4.1.3 Supporting emotional responses and patient engagement
A testing result that indicates an assumed lack of response to antidepressants may lead to despair, especially in patients who have previously been unsuccessfully treated. Clinicians need to prepare patients for this possibility and present such results constructively as an opportunity to switch to an alternative, potentially better fitting treatment, rather than as a hopeless prognosis. Emotional support before and after the use of a multimodal algorithm is crucial to minimise stress and encourage willingness to continue treatment. Offering additional interim treatments and managing expectations could also help to reduce the stress associated with delays in receiving results. In addition to the stress of long waiting times and the emotional distress of unfavourable results, several patients commented on the potential influence of expectations on treatment outcomes, reflecting awareness of placebo effects. To our knowledge, such concerns have not been previously reported from a patient perspective in the existing literature, highlighting an important area for further inquiry into how expectations shape outcomes in psychiatric care. According to Haga et al. (30), the importance patients place on genetic information, their understanding of risk and how they feel about the disease and treatment can have an effect on placebo or nocebo effects. If patients strongly believe in the credibility of a predictive multimodal algorithm, as nearly all of our participants did, they may feel hopeful or discouraged depending on the results. To manage expectations and avoid nocebo effects, communication should be tailored to patients’ needs and level of understanding (33). This might be achieved by avoiding overly deterministic language, breaking down complex genetic concepts and considering the emotional impact of the results as well as by emphasising the positive aspects related with finding the individually best fitting treatment.
These results encourage further neuroethical consideration of how biological explanations of mental illness impact patients’ sense of identity, capability, and responsibility, especially when these explanations are supported by genetic testing. The fact that some patients in our study were afraid that the outcomes of the algorithm would be more important than their personal experiences and social and emotional explanations shows how important it is to discuss not only what the multimodal algorithm can reveal, but also how patients interpret and integrate this information into their understanding of their mental health.
4.2 Policy and system-level considerations
In line with the overwhelming evidence from previous studies on genetic an pharmacogenetic testing in psychiatry, affordability emerged as a key barrier (8, 9, 13, 21, 25, 34, 35). Many participants indicated that they would only consider the use of a multimodal algorithm if it was covered by health insurance. Full or partial reimbursement models, possibly including co-payments or financial assistance, should be explored to promote equity. In contrast to the findings of several previous studies, concerns about data protection were rarely raised by our focus group participants (14, 17, 35). However, further probing by the interviewers revealed that this was not due to a lack of importance. Rather, it was due to the fact that high data protection standards and data compliance were taken for granted in the European countries involved. Detailed consent procedures must clarify how personal genetic data will be stored, shared and protected, especially in an international context. Policymakers must also ensure that algorithm outcomes do not restrict access to health care or justify discriminatory practices.

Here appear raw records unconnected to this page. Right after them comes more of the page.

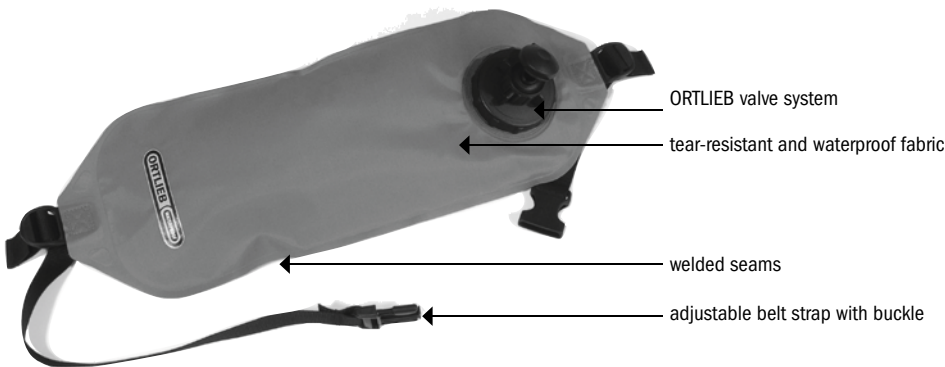

# WATER BELT

Water container with waist belt

outdoor, Tested on tour „Very Good“, 11/2002

Height cm/in.	Width cm/in.	Depth cm/in.	Vol. l/cu.in.	Weight g/oz.
16/6,3	40/15,7		2/122	110/3,9

- handy alternative to aluminum or plastic bottles
- can be comfortably worn as belt around your waist (with buckle) or fixed to your backpack
- suited only for storage or transport of water
- do not fill with boiling water (maximum temperature 60°C / 140°F)
- do not store water longer than required
- store only absolutely dry with valve completely open when not in use
- mechanical cleaning with brush and neutral soap
- can be combined with outdoor hand filters for water purification (e.g. Katadyn, MSR)
- can be combined with ORTLIEB drinking tube (art. code N43)

ATTENTION: Do not expose drinking water too long to heat. Change the water as often as possible. Fill with water only! Clean the valve regularly!

The waterbelt 2 litres comes with valve and dust cap.

PRODUCT-INFO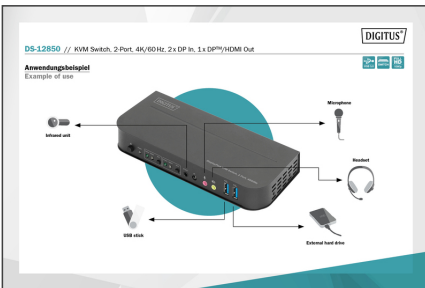

More images: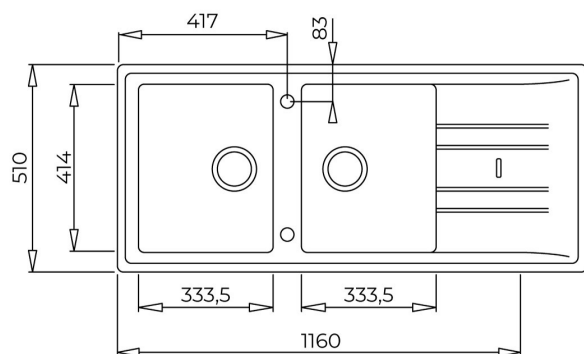

Stone 80 B-TG 2B 1D

Inset Tegr granite sink with two bowls and one drainer

REFERENCE

REF: 115400013

EAN: 8434778004953

FEATURES

Tegr granite+ sink
 Two bowls and one drainer
 Inset installation
 3½" automatic basket waste with siphon
 200 mm deep bowls
 80 cm base unit

DIMENSIONS**Product height (mm):** 200**Product width (mm):** 510**Product depth (mm):** 200**Product length (mm):** 1160**Net weight (Kg):** 18,5200mm
depthColour
Intensity

Easy Clean

Food safe

High
resistance**COLOURS**

The results also show that the factors influencing patients’ decisions about a multimodal algorithm – such as psychological stress, beliefs, treatment history and expectations – do not act in isolation but are rather dynamically intertwined. The importance of these factors may also shift during the reflection process, as new information, supportive conversations or emotional relief may cause patients to reconsider their initial concerns or reassess the significance of the use of the algorithm. This highlights the importance of personalised counselling that considers both the need for information and the emotional and existential aspects of decision-making.

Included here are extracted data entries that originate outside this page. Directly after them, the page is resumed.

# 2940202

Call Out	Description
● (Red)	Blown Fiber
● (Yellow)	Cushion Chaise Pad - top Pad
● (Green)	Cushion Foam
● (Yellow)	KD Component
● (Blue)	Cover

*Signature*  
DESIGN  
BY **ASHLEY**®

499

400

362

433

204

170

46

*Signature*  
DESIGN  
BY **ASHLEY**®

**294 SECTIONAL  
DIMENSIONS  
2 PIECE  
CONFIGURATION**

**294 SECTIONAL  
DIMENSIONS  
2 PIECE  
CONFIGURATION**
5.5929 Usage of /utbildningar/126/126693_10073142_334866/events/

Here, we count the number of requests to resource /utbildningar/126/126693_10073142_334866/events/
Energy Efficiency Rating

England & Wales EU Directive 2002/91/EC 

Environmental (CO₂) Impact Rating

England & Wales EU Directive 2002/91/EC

To our knowledge, this is the first study to show that the hopes and concerns that influence patients’ decisions to accept or reject a multimodal precision medicine algorithm for antidepressant efficacy are very similar to those previously reported in the context of genetic or pharmacogenetic testing. Issues such as fear of reductionism (11, 27), concerns about stigma or determinism (14, 29, 36), and emotional responses to probabilistic information (18, 22) emerged across decision contexts. This finding suggests that patients’ reactions to predictive tests are not primarily influenced by the specific type of test itself (e.g. genetic vs. algorithmic), but rather by underlying beliefs about mental illness, personal identity, and expectations about treatment, highlighting the importance of addressing these underlying dimensions consistently across different types of tests.

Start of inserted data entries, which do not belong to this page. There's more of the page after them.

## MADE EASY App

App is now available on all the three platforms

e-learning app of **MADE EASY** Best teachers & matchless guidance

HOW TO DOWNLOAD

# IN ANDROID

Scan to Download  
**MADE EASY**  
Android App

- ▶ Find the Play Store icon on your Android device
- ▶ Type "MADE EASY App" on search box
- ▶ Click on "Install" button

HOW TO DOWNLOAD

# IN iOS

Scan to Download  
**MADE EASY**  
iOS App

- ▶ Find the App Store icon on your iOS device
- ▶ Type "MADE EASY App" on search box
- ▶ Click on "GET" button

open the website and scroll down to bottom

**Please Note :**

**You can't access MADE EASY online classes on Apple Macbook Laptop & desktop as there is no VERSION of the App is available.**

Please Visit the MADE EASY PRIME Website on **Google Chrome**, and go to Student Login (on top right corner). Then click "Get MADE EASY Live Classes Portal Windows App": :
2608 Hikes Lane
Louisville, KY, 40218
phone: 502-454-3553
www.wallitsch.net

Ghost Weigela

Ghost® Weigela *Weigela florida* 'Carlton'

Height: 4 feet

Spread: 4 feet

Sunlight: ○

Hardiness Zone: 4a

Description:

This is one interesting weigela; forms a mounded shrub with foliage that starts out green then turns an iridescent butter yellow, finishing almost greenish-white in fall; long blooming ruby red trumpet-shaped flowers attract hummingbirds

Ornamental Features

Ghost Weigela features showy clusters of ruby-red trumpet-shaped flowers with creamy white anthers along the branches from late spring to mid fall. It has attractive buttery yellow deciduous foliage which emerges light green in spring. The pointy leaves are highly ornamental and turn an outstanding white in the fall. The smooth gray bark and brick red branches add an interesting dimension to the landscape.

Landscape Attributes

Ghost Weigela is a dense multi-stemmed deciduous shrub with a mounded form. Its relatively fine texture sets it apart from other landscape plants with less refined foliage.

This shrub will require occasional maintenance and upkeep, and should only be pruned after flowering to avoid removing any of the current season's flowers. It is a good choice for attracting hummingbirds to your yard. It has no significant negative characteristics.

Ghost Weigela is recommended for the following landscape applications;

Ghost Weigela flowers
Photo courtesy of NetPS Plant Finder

As pharmacogenetic tests and precision medicine tools become more widely available, including direct-to-consumer options, there is a risk that they will spread faster than the clinical guidelines and patient education (37). Our findings show the need for strong frameworks, including doctor training, clear protocols, and safeguards against misinformation.
4.3 Limitations
The study focused on patients with longer treatment histories of MDD and assessed hypothetical responses to a multimodal algorithm not yet in clinical use. Understanding of the algorithm may have varied between focus groups, and limitations in sample selection, including small or homogeneous groups, may affect generalisability. Furthermore, it is possible that our sample is biased by selection, as participants may have had a greater interest in research and health issues than the patient population as a whole.
Care settings varied between sites: the participants in Münster were inpatients, those in Cagliari were outpatients, and the Poznań sample included both. These contextual differences may have influenced how participants perceived the relevance, usefulness and risks of algorithmic testing. While site-specific differences were not analysed systematically, the treatment setting and illness severity are likely to have shaped the responses and should be considered when interpreting the findings.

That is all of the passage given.